PROBLEM REQUIREMENTS :: Every entry in the following listing must be restated word for word, though not its pictures.

▬▬▬

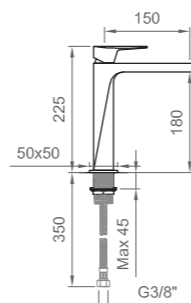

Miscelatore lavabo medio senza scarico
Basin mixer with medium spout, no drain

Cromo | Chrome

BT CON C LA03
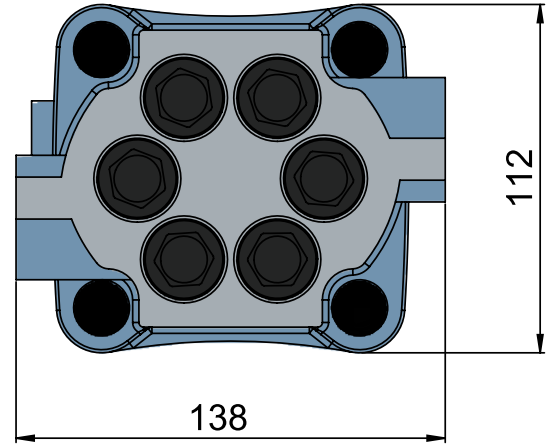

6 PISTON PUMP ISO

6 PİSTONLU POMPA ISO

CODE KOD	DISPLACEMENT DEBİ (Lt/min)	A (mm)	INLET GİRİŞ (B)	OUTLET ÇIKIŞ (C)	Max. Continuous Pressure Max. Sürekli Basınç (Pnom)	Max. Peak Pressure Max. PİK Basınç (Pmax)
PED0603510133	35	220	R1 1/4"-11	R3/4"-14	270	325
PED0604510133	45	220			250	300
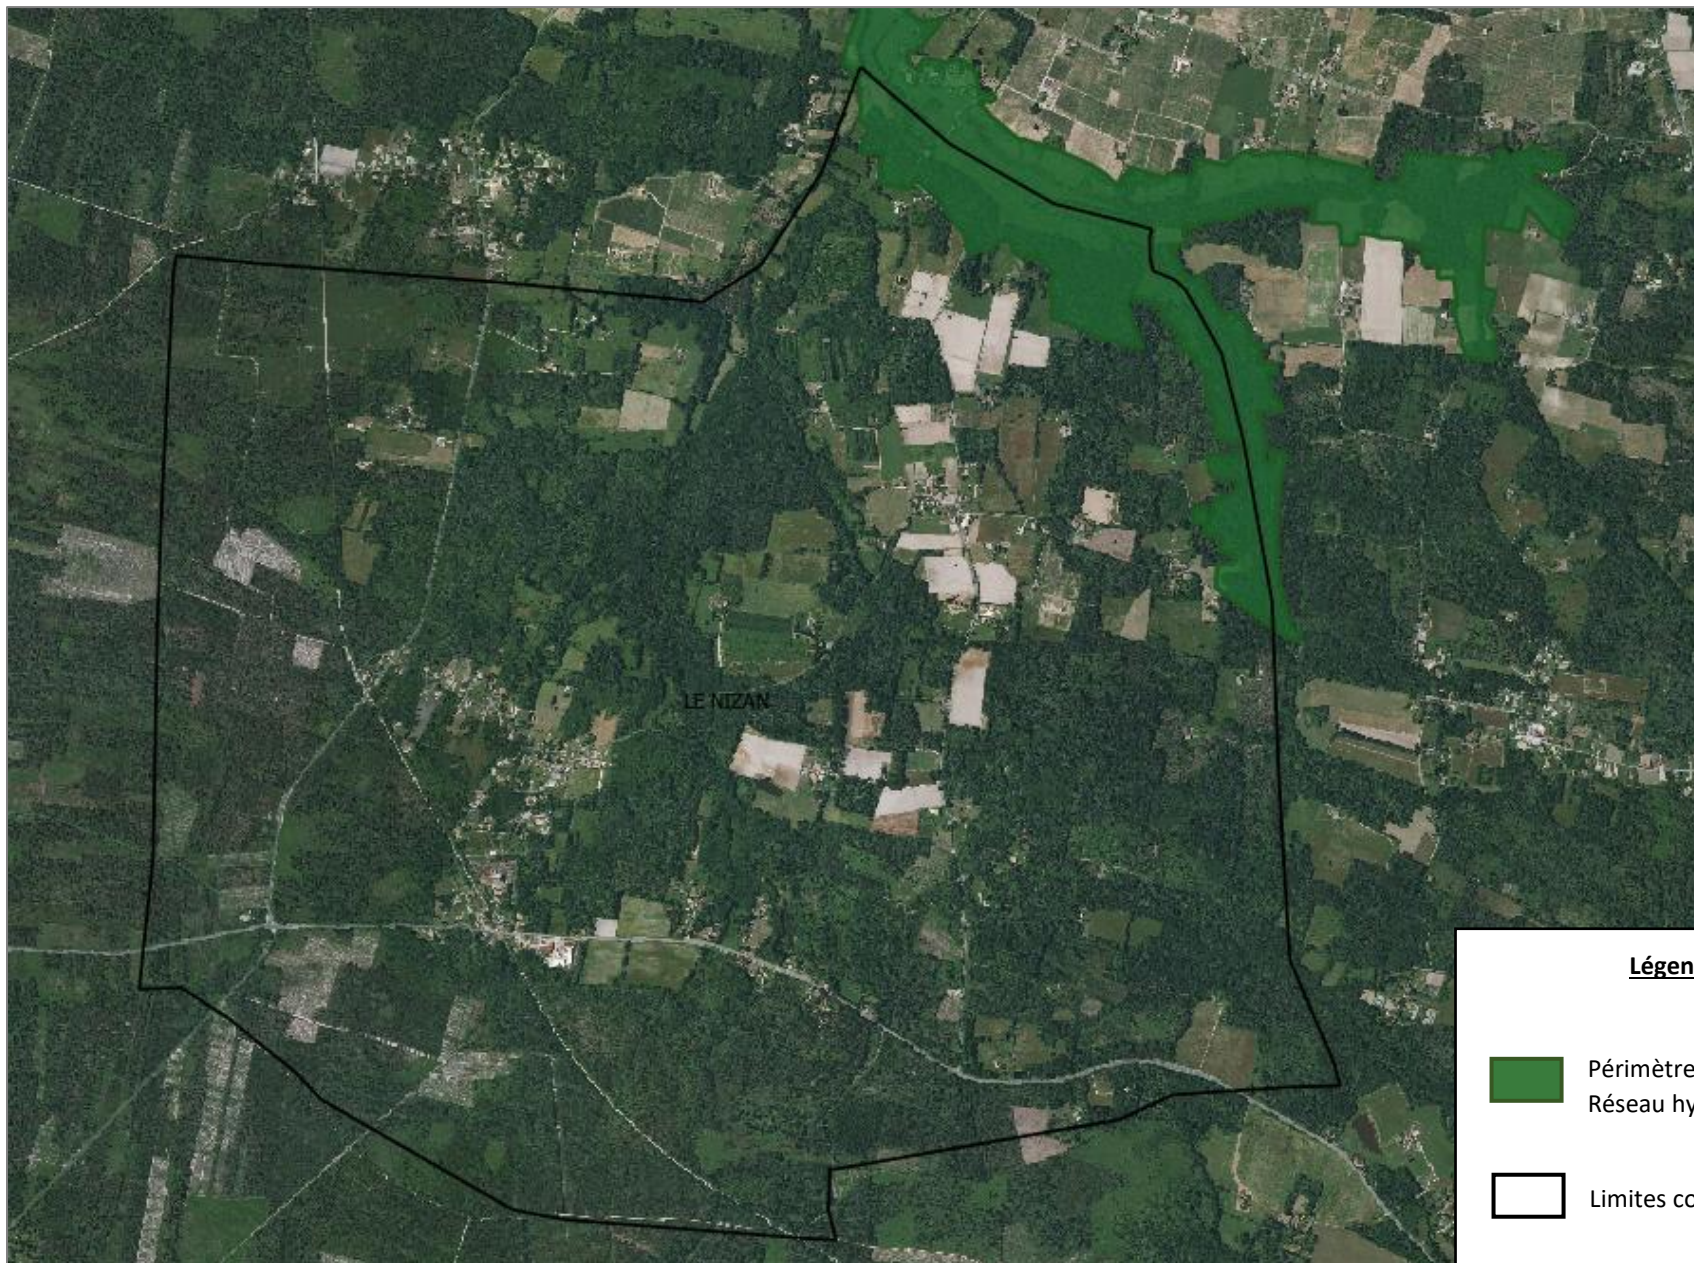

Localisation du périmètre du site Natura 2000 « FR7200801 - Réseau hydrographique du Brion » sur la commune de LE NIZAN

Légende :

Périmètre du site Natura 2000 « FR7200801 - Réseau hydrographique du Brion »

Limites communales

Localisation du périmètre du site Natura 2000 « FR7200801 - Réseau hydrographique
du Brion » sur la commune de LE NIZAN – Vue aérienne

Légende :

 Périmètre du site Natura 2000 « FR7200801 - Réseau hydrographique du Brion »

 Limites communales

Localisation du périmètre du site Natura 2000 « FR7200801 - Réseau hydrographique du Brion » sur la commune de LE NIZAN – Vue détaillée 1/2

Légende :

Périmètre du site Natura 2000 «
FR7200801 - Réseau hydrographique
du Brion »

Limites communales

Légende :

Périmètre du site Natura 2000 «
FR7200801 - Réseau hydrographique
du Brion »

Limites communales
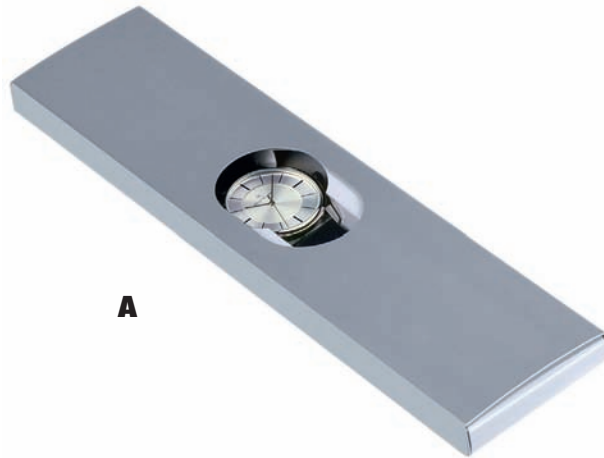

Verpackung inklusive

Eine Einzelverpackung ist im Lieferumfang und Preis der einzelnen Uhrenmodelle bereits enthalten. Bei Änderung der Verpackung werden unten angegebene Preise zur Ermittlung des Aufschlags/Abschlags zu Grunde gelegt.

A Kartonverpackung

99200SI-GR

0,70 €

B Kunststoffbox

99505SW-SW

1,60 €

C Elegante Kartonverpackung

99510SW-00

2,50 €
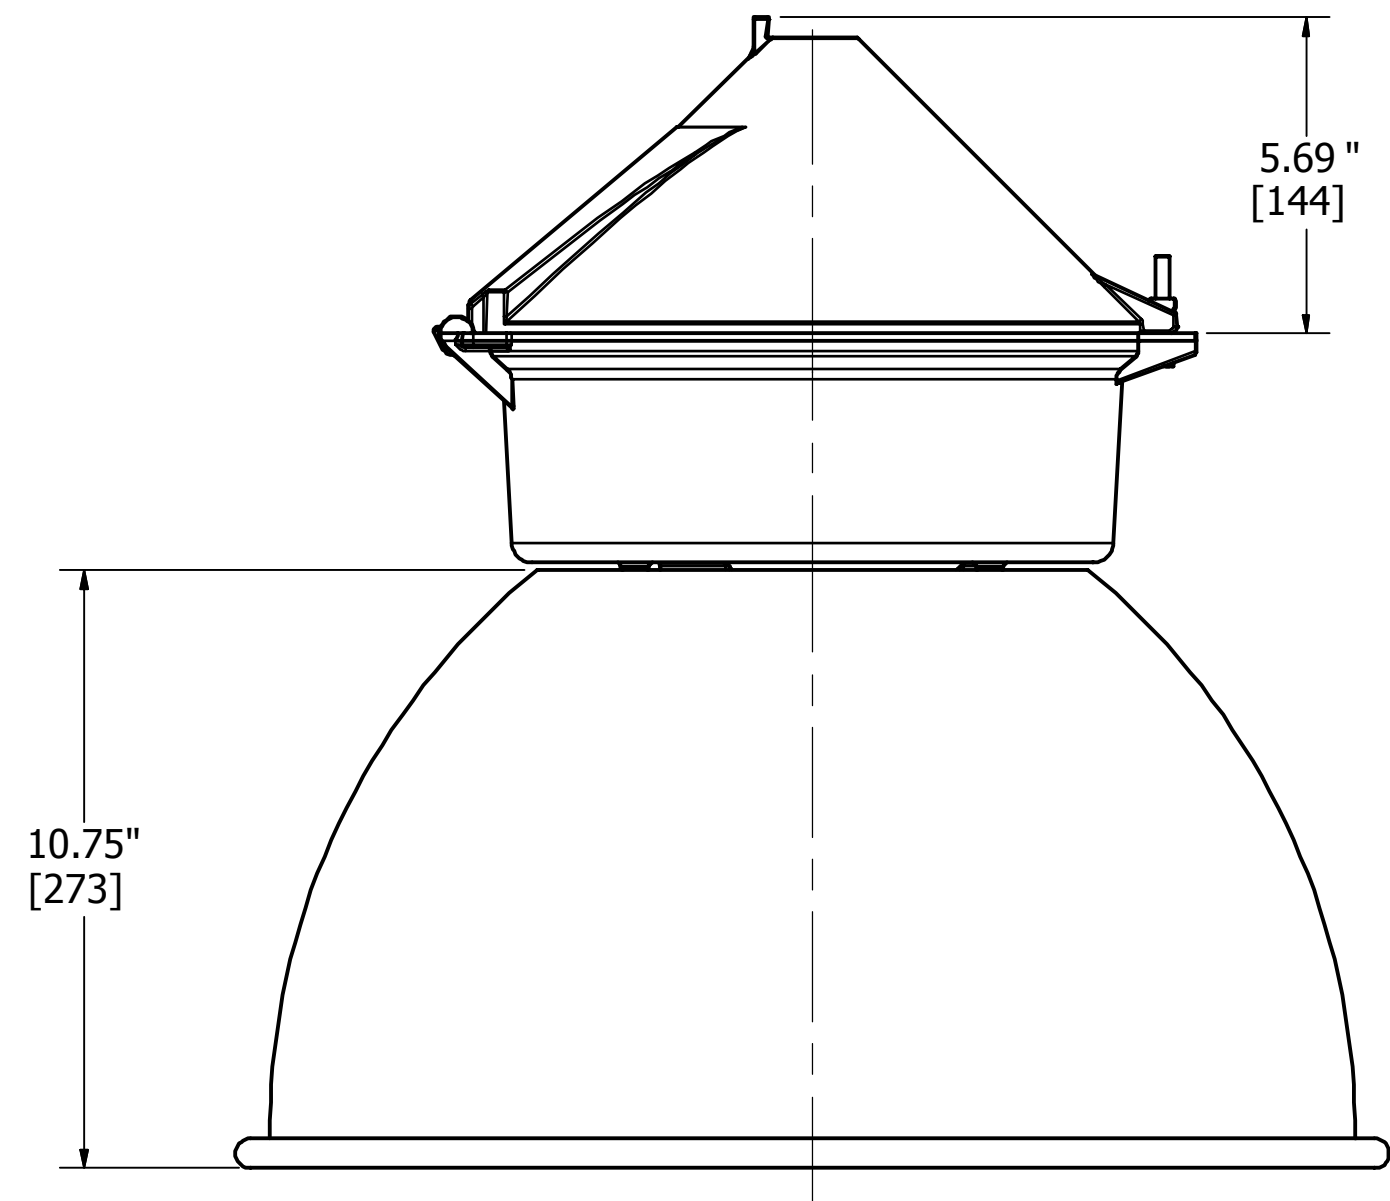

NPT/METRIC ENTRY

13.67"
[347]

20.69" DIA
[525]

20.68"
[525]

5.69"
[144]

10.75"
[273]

▬▬▬

EXERCISE RESPONSE ::
Miscelatore lavabo medio senza scarico
Basin mixer with medium spout, no drain

Cromo | Chrome

BT CON C LA03

6 PISTON PUMP ISO

6 PİSTONLU POMPA ISO

CODE KOD	DISPLACEMENT DEBİ (Lt/min)	A (mm)	INLET GİRİŞ (B)	OUTLET ÇIKIŞ (C)	Max. Continuous Pressure Max. Sürekli Basınç (Pnom)	Max. Peak Pressure Max. PİK Basınç (Pmax)
PED0603510133	35	220	R1 1/4"-11	R3/4"-14	270	325
PED0604510133	45	220			250	300

Localisation du périmètre du site Natura 2000 « FR7200801 - Réseau hydrographique du Brion » sur la commune de LE NIZAN

Légende :

Périmètre du site Natura 2000 « FR7200801 - Réseau hydrographique du Brion »

Limites communales

Localisation du périmètre du site Natura 2000 « FR7200801 - Réseau hydrographique
du Brion » sur la commune de LE NIZAN – Vue aérienne

Légende :

 Périmètre du site Natura 2000 « FR7200801 - Réseau hydrographique du Brion »

 Limites communales

Localisation du périmètre du site Natura 2000 « FR7200801 - Réseau hydrographique du Brion » sur la commune de LE NIZAN – Vue détaillée 1/2

Légende :

Périmètre du site Natura 2000 «
FR7200801 - Réseau hydrographique
du Brion »

Limites communales

Légende :

Périmètre du site Natura 2000 «
FR7200801 - Réseau hydrographique
du Brion »

Limites communales

Verpackung inklusive

Eine Einzelverpackung ist im Lieferumfang und Preis der einzelnen Uhrenmodelle bereits enthalten. Bei Änderung der Verpackung werden unten angegebene Preise zur Ermittlung des Aufschlags/Abschlags zu Grunde gelegt.

A Kartonverpackung

99200SI-GR

0,70 €

B Kunststoffbox

99505SW-SW

1,60 €

C Elegante Kartonverpackung

99510SW-00

2,50 €

NPT/METRIC ENTRY

13.67"
[347]

20.69" DIA
[525]

20.68"
[525]

5.69"
[144]

10.75"
[273]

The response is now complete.